= ASSIGNED TASK =
Give back every record exactly, with its pictures left out.
**** INPUT DATA
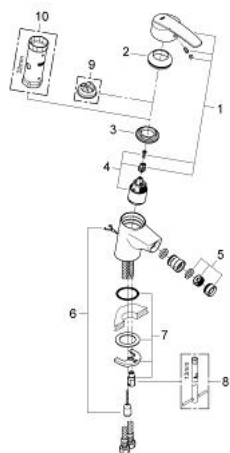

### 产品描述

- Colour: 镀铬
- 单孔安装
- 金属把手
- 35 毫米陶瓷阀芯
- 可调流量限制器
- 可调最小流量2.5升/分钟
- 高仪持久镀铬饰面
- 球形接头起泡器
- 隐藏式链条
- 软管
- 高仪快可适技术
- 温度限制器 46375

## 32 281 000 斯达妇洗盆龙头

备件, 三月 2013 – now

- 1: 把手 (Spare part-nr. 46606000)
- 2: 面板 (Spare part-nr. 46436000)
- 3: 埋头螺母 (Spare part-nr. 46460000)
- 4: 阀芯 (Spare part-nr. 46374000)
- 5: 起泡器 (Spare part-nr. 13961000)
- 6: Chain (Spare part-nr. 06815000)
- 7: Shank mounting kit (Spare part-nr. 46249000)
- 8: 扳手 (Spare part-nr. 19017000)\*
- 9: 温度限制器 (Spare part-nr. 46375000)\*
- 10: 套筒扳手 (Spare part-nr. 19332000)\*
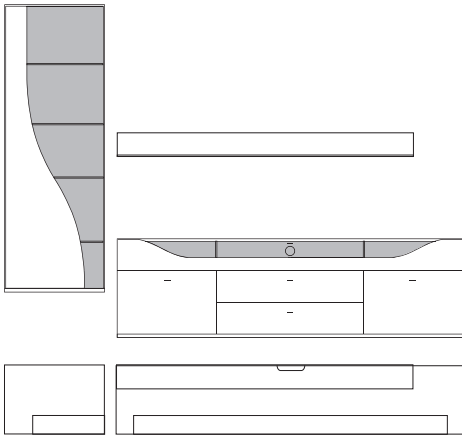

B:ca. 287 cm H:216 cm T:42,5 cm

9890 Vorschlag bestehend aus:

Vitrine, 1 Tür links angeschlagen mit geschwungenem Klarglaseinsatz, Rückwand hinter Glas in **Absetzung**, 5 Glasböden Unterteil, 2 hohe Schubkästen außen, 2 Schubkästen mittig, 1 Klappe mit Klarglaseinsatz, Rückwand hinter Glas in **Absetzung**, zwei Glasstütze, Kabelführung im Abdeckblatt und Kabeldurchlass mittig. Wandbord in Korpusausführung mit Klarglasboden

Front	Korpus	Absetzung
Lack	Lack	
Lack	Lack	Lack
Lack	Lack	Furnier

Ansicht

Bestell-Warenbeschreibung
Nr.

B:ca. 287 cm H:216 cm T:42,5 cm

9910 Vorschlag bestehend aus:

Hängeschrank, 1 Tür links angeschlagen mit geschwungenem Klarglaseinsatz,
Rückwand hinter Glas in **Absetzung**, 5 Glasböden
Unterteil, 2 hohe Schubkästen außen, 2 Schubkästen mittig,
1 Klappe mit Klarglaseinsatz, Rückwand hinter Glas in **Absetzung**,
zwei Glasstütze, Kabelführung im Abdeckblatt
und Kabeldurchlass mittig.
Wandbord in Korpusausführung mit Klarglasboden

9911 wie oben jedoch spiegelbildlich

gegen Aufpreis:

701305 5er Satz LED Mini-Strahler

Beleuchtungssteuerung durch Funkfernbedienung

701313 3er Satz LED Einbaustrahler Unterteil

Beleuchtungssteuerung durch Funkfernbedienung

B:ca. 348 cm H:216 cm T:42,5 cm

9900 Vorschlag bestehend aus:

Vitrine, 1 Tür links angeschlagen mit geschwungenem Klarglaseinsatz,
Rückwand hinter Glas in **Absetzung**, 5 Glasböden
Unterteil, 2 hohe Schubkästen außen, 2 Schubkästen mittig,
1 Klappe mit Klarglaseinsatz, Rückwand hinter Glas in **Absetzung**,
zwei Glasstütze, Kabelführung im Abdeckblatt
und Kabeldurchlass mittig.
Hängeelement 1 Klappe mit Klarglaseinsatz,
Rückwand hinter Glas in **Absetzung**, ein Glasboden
********
= WRITTEN ANSWER =
### 产品描述

- Colour: 镀铬
- 单孔安装
- 金属把手
- 35 毫米陶瓷阀芯
- 可调流量限制器
- 可调最小流量2.5升/分钟
- 高仪持久镀铬饰面
- 球形接头起泡器
- 隐藏式链条
- 软管
- 高仪快可适技术
- 温度限制器 46375

## 32 281 000 斯达妇洗盆龙头

备件, 三月 2013 – now

- 1: 把手 (Spare part-nr. 46606000)
- 2: 面板 (Spare part-nr. 46436000)
- 3: 埋头螺母 (Spare part-nr. 46460000)
- 4: 阀芯 (Spare part-nr. 46374000)
- 5: 起泡器 (Spare part-nr. 13961000)
- 6: Chain (Spare part-nr. 06815000)
- 7: Shank mounting kit (Spare part-nr. 46249000)
- 8: 扳手 (Spare part-nr. 19017000)\*
- 9: 温度限制器 (Spare part-nr. 46375000)\*
- 10: 套筒扳手 (Spare part-nr. 19332000)\*

B:ca. 287 cm H:216 cm T:42,5 cm

9890 Vorschlag bestehend aus:

Vitrine, 1 Tür links angeschlagen mit geschwungenem Klarglaseinsatz, Rückwand hinter Glas in **Absetzung**, 5 Glasböden Unterteil, 2 hohe Schubkästen außen, 2 Schubkästen mittig, 1 Klappe mit Klarglaseinsatz, Rückwand hinter Glas in **Absetzung**, zwei Glasstütze, Kabelführung im Abdeckblatt und Kabeldurchlass mittig. Wandbord in Korpusausführung mit Klarglasboden

Front	Korpus	Absetzung
Lack	Lack	
Lack	Lack	Lack
Lack	Lack	Furnier

Ansicht

Bestell-Warenbeschreibung
Nr.

B:ca. 287 cm H:216 cm T:42,5 cm

9910 Vorschlag bestehend aus:

Hängeschrank, 1 Tür links angeschlagen mit geschwungenem Klarglaseinsatz,
Rückwand hinter Glas in **Absetzung**, 5 Glasböden
Unterteil, 2 hohe Schubkästen außen, 2 Schubkästen mittig,
1 Klappe mit Klarglaseinsatz, Rückwand hinter Glas in **Absetzung**,
zwei Glasstütze, Kabelführung im Abdeckblatt
und Kabeldurchlass mittig.
Wandbord in Korpusausführung mit Klarglasboden

9911 wie oben jedoch spiegelbildlich

gegen Aufpreis:

701305 5er Satz LED Mini-Strahler

Beleuchtungssteuerung durch Funkfernbedienung

701313 3er Satz LED Einbaustrahler Unterteil

Beleuchtungssteuerung durch Funkfernbedienung

B:ca. 348 cm H:216 cm T:42,5 cm

9900 Vorschlag bestehend aus:

Vitrine, 1 Tür links angeschlagen mit geschwungenem Klarglaseinsatz,
Rückwand hinter Glas in **Absetzung**, 5 Glasböden
Unterteil, 2 hohe Schubkästen außen, 2 Schubkästen mittig,
1 Klappe mit Klarglaseinsatz, Rückwand hinter Glas in **Absetzung**,
zwei Glasstütze, Kabelführung im Abdeckblatt
und Kabeldurchlass mittig.
Hängeelement 1 Klappe mit Klarglaseinsatz,
Rückwand hinter Glas in **Absetzung**, ein Glasboden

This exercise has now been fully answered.